My Goal
Rewriting a loop (synchronous) using multiprocessing to reduce calculation time (it is looping over millions of rows):
def get_info(uid):
res = requests.get(CallURL+uid,
headers={'Content-Type':'application/json',
'Authorization': 'Bearer {}'.format(tokn)})
foundation_date = json.loads(res.text).get('uniteLegale').get('dateCreationUniteLegale')
employee_count = json.loads(res.text).get('uniteLegale').get('trancheEffectifsUniteLegale')
current_data = json.loads(res.text).get('uniteLegale').get('periodesUniteLegale')[0]
company_type = current_data.get('categorieJuridiqueUniteLegale')
trade = current_data.get('activitePrincipaleUniteLegale')
return [uid, foundation_date, company_type, trade, employee_count]
df = pd.DataFrame({'uid':[],
'foundation_date': [],
'type': [],
'trade': [],
'employee_count':[]})
for i in Company.index:
print(i)
new = get_info(Company.uid[i])
df.loc[len(df)] = new
What I have attempted so far
I used the concurrent.futures library to run the function on multiple rows at the same time.
with concurrent.futures.ProcessPoolExecutor() as executor:
rows = Company[:3].index #to avoid looping over millions rows for now
results = [executor.map(get_info, Company.uid[row]) for row in rows]
for result in results:
print(result)
This returns the following:
<generator object _chain_from_iterable_of_lists at 0x030757D0>
<generator object _chain_from_iterable_of_lists at 0x03075920>
<generator object _chain_from_iterable_of_lists at 0x03075DF0>
I then apply list(result)
The issue
I was expecting to get the list get_info() returns in these generator objects but I am getting this error instead:
---------------------------------------------------------------------------
BrokenProcessPool Traceback (most recent call last)

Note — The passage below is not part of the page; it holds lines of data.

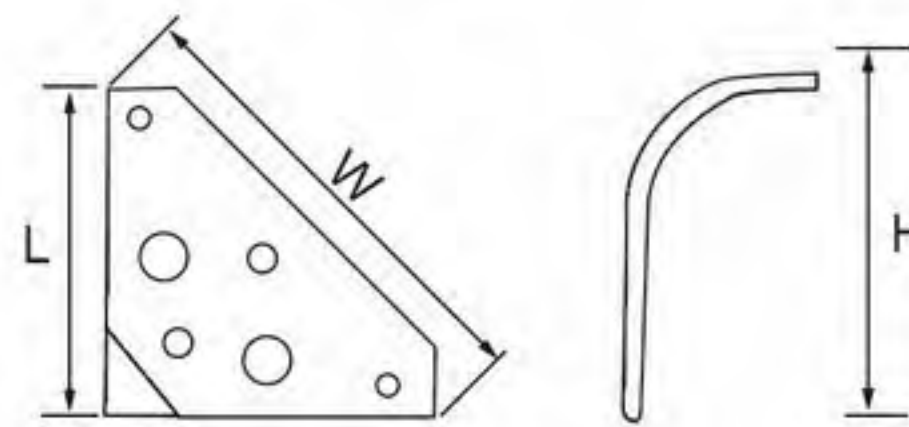

- 311-363
- Height: 150 / 180mm
- Colors: gold, gun-black, matt black
- Finishing: electroplating, painting
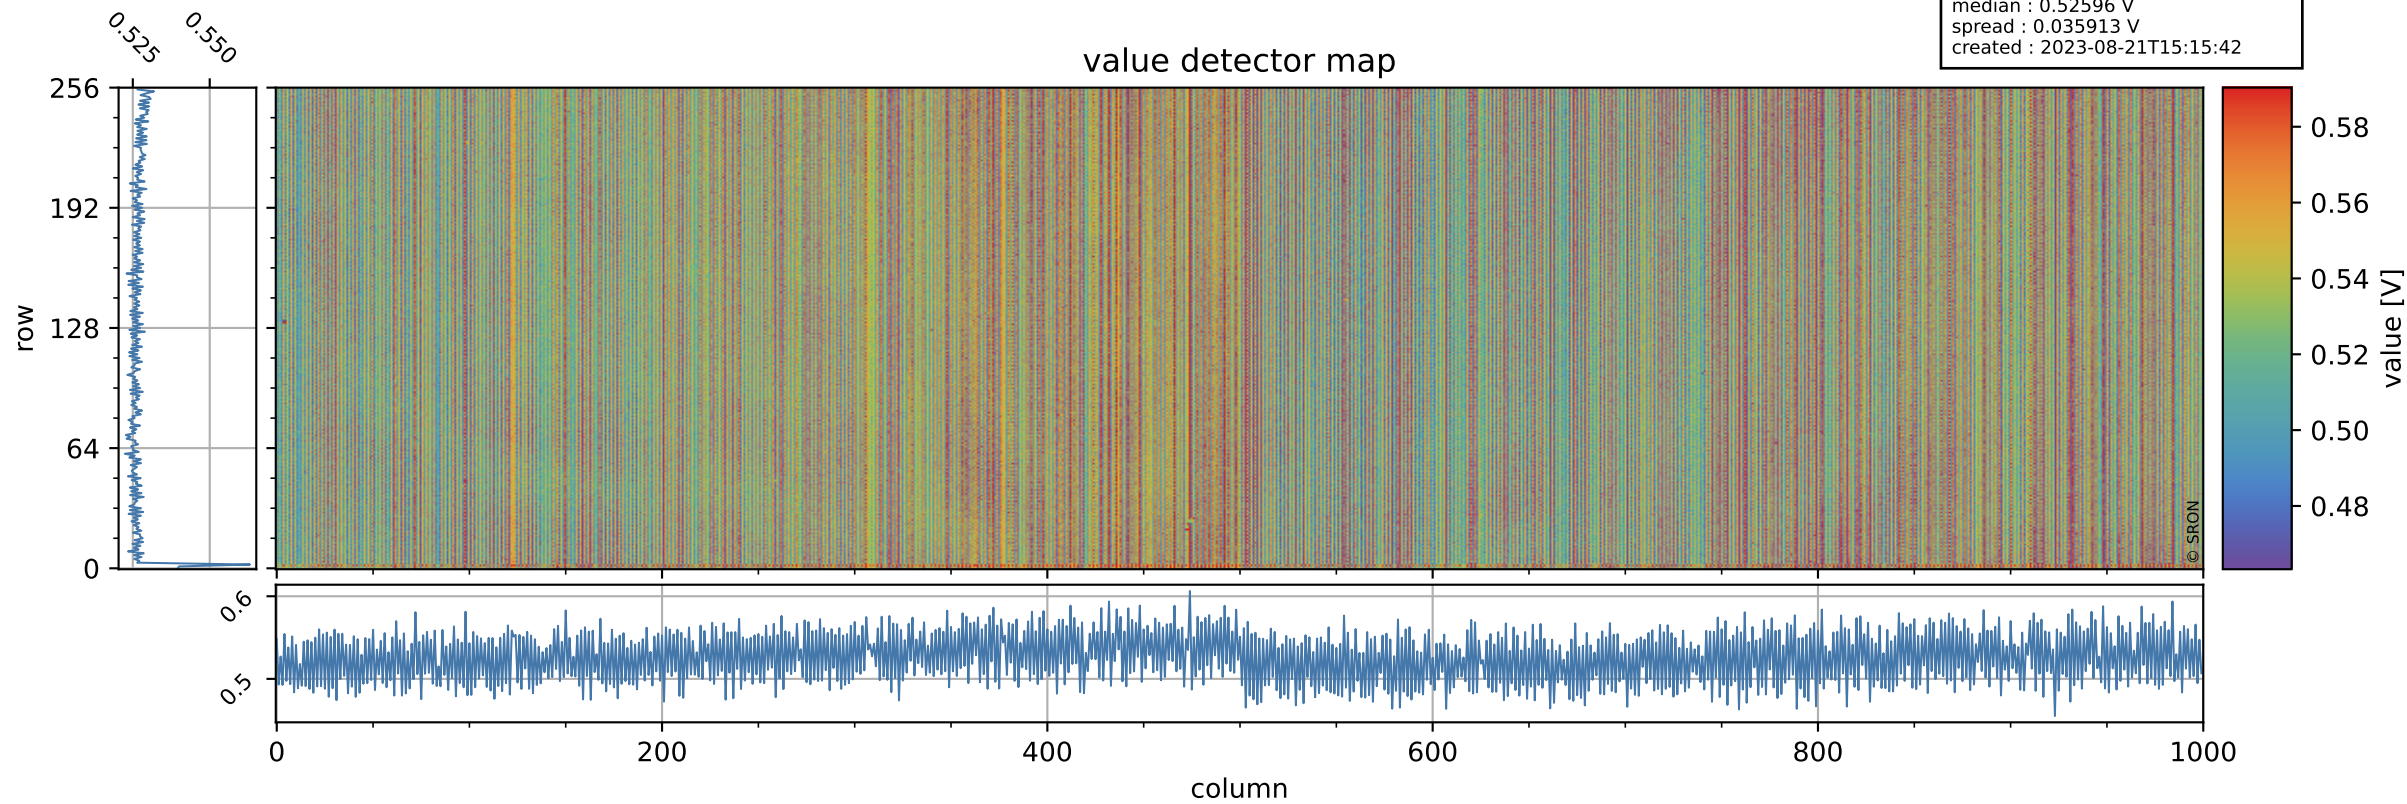

Tropomi SWIR offset (official)

orbits : 20 in [23482, 23527]
coverage : 2022-04-25 / 2022-04-28
median : 0.52596 V
spread : 0.035913 V
created : 2023-08-21T15:15:42

value detector map

Tropomi SWIR offset (official)

orbits : 20 in [23482, 23527]
coverage : 2022-04-25 / 2022-04-28
median : 32.558 μV
spread : 16.269 μV
created : 2023-08-21T15:15:43

Tropomi SWIR offset (official)

orbits : 20 in [23482, 23527]
coverage : 2022-04-25 / 2022-04-28
median : -0.053035 mV
spread : 0.41435 mV
created : 2023-08-21T15:15:43

value compared with SWIR offset CKD

Tropomi SWIR offset (official) ground-tracks of Sentinel-5P

orbits : 20 in [23482, 23527]
coverage : 2022-04-25 / 2022-04-28
created : 2023-08-21T15:15:44

Tropomi SWIR offset (official)

orbits : [2827, 23527]
coverage : 2018-04-30 / 2022-04-28
created : 2023-08-21T15:15:44

trend of detector median & temperatures

<ipython-input-43-09db72840c98> in <module>
4 results = [executor.map(get_info, Lots.Siren[row]) for row in rows]
5 for result in results:
----> 6 for item in result:
7 print(item)
~\AppData\Local\Programs\Python\Python38-32\lib\concurrent\futures\process.py in _chain_from_iterable_of_lists(iterable)
482 careful not to keep references to yielded objects.
483 """
--> 484 for element in iterable:
485 element.reverse()
486 while element:
~\AppData\Local\Programs\Python\Python38-32\lib\concurrent\futures\_base.py in result_iterator()
609 # Careful not to keep a reference to the popped future
610 if timeout is None:
--> 611 yield fs.pop().result()
612 else:
613 yield fs.pop().result(end_time - time.monotonic())
~\AppData\Local\Programs\Python\Python38-32\lib\concurrent\futures\_base.py in result(self, timeout)
430 raise CancelledError()
431 elif self._state == FINISHED:
--> 432 return self.__get_result()
433
434 self._condition.wait(timeout)
~\AppData\Local\Programs\Python\Python38-32\lib\concurrent\futures\_base.py in __get_result(self)
386 def __get_result(self):
387 if self._exception:
--> 388 raise self._exception
389 else:
390 return self._result
BrokenProcessPool: A process in the process pool was terminated abruptly while the future was running or pending.
When I try a second time, the objects are empty.
I haven't been able to find a solution online.
Side notes
- I use python 3.6.8 in a local jupyter notebook on a Windows 10 device
- This is my first post on Stack overflow, I hope I did okay. Please suggest how I could improve my question.